I continue to view the faith in QE as largely superstitious. Want to know the cause-and-effect relationship that reliably links quantitative easing to the job growth, economic activity, and to financial instruments beyond short-term Treasury bills? So does the Fed. If one examines the data and transmission mechanisms carefully, it’s clear that QE lacks any mechanistic link to the economy, the stock market, or even long-term bond yields. The primary effect of QE is a purely psychological one: creating discomfort for low yields on risk-free investment alternatives, and creating a reach for yield that has driven the risk-premium of risky assets to zero (or worse).

While we are allowing for the potential for a further “blowoff” advance, we also remain aware that the present overvalued, overbought, overbullish, rising-yield syndrome has been observed only a handful of times in history, including (exhaustively) 1929, 1972, 1987, 2000, 2007, 2011 (followed by an abbreviated 20% market decline before QEternity was launched by the Fed), and in 2013 (February, May, and today). The continued advance of the market in the face of conditions that have always been terminal for the market is not something that convinces us that “this time is different,” but only that we are climbing a higher cliff with a steeper drop. The average bear market wipes out more than half of the preceding bull market advance. Cyclical bear markets in “secular” bear market periods wipe out closer to 80% of the preceding advance. Every bear market in in history that started from valuations anywhere close to present levels was part of a secular bear market period.

My expectations, from strong to weak, are these. Based on valuation estimates that have been strikingly reliable for a century (most recently, accurately projecting negative 10-year returns in 2000, warning of awful outcomes 2007, and indicating far stronger prospective returns in 2009), I am convinced that annual total returns for the S&P 500 will average somewhere between zero and 2.5% nominal (not real) over the coming decade. This suggests that the S&P 500 index itself is likely to be lower a decade from today.
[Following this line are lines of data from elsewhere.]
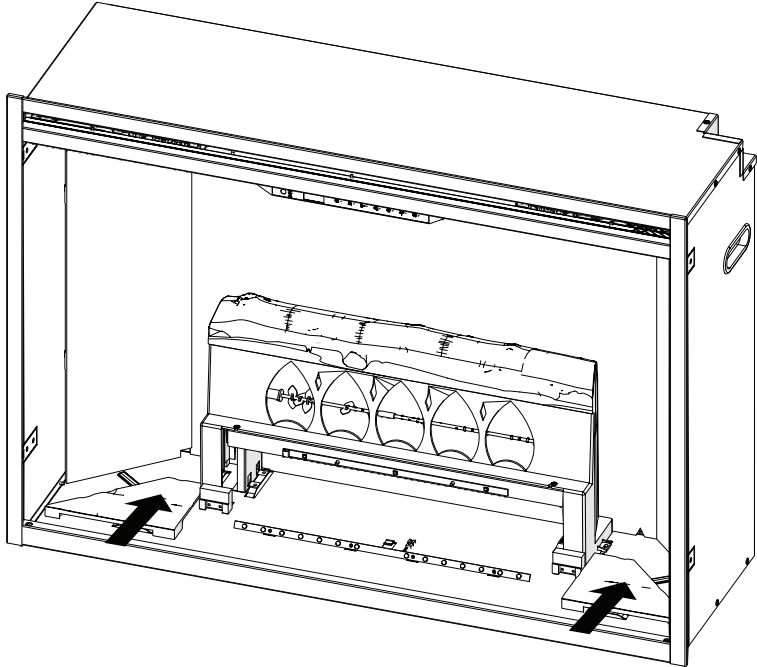

RBF Logset Accessory Kit

Ensemble de bûches accessoire RBF

Set de leños accesorio RBF

Installation Instructions
Instructions d'installation
Instrucciones de instalación

1

2

Disconnect wire connector for logs and remove logs.
Déconnecter le câble des bûches et les enlever
Desconectar cables de los leños y remover.

11

The reflective side faces out
Le côté réfléchissant fait face
Colocar parte reflectiva hacia afuera

12

13

14

On both sides
Sur les deux côtés
En ambos lados

1-888-346-7539 | www.dimplex.com

In keeping with our policy of continuous product improvement, we reserve the right to make changes without notice.
Dans le cadre de notre politique d'amélioration continue de nos produits, nous nous réservons le droit de modifier les spécifications sans préavis.
De acuerdo con nuestra política de constante perfeccionamiento del producto, nos reservamos el derecho de hacer cambios sin previo aviso.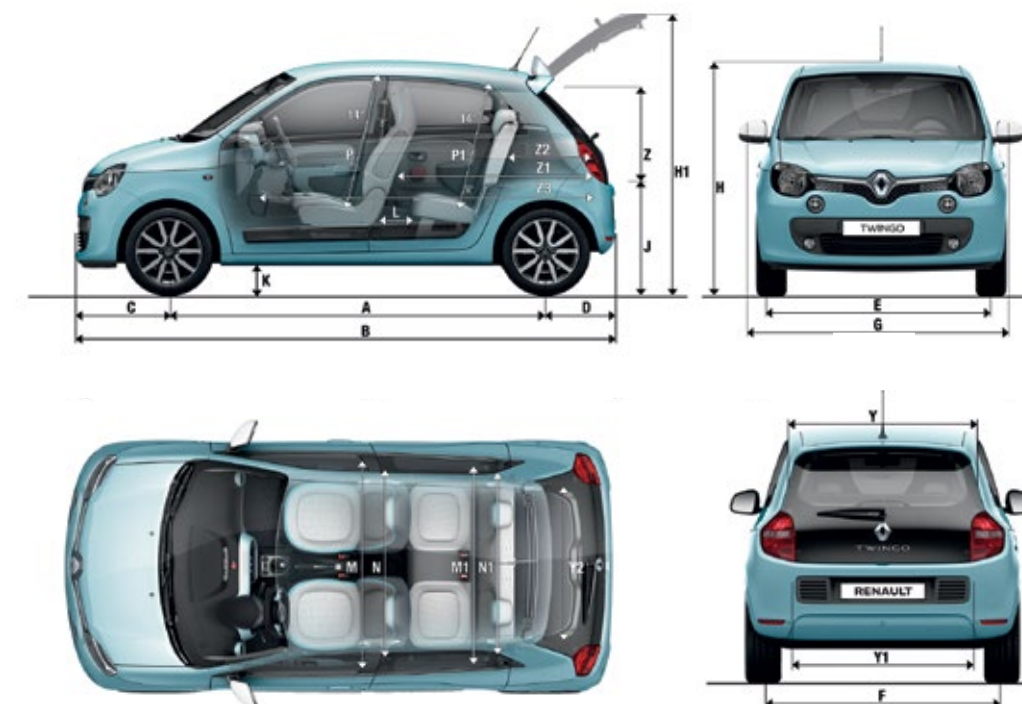

Renault TWINGO

Continue the Renault Clio Experience
on renault-palestine.ps

الأبعاد

الإرتفاع، العرض، سعة صندوق الأمتعة، سيارة مصممة لتلبية جميع احتياجاتك.

القياس (مم)	
1,284 N1	2,492 A
908 P	3,595 B
855 P1	630 C
699 / 1,065 Y	473 D
932 Y1	1,452 E
1,005 Y2	1,425 F
580 Z	1,646 G
1,336 Z1	1,554 H
636 Z2	1,967 H1
2,315 Z3	793 J
سعة صندوق الأمتعة (لتر)	170 K
السعة الافتراضية	136 L
219/188	1,362 M
السعة مع ثني المقاعد	1,325 M1
	1,321 N

Looking out over the completion of this cycle, I strongly expect that the market will easily lose more than half of its recent bull market gains, with a reasonable likelihood that the S&P 500 will be 40-55% below present levels by the end of this cycle. Based on broad historical regularities (but ones that notably have not been useful since late-2011), my general statistical expectation is that the main downside risk for the market concentrates in the coming 18-month period.
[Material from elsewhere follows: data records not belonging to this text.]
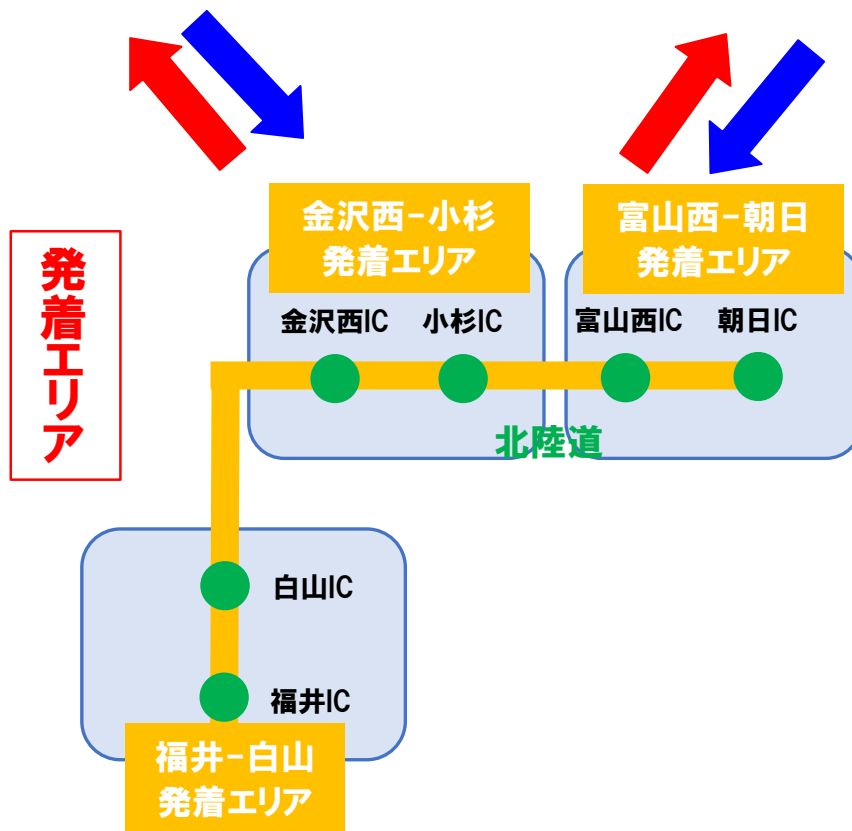

北陸発着
湯沢プラン/白馬・志賀・妙高プラン 詳細

(1)湯沢プラン

(2)白馬・志賀・妙高プラン

【富山西-朝日発着エリア 対象インターチェンジ】

北陸道:富山西、富山、流杉スマート、立山、滑川、魚津、黒部、朝日

【金沢西-小杉発着エリア 対象インターチェンジ】

北陸道:金沢西、金沢東、金沢森本、小矢部、砺波、高岡砺波スマート、小杉

【福井-白山発着エリア 対象インターチェンジ】

北陸道:福井、福井北、丸岡、金津、加賀、片山津、安宅スマート、小松、能美根上スマート、美川、徳光スマート、白山

Finally, based on the log-periodic structure of the recent market bubble (which we don’t rely on and neither should you), my very weak impression is that we have to allow for a further market advance in the range of 6-8% - a pattern that would complete a mathematically beautiful Sornette-type bubble. Though Sornette-type crashes don’t seem to give reasons, I suspect that any subsequent crash would be the result not of Fed-tapering, but of some broader concern. As Sornetteobservedearlier this year, “equities are expensive, and prices have been propped up by central banks’ easing policies. But the big correction, when it comes, will be triggered by a major political or social event induced when bubbles, driven by the QE everywhere, reach maturity and global instability rises.”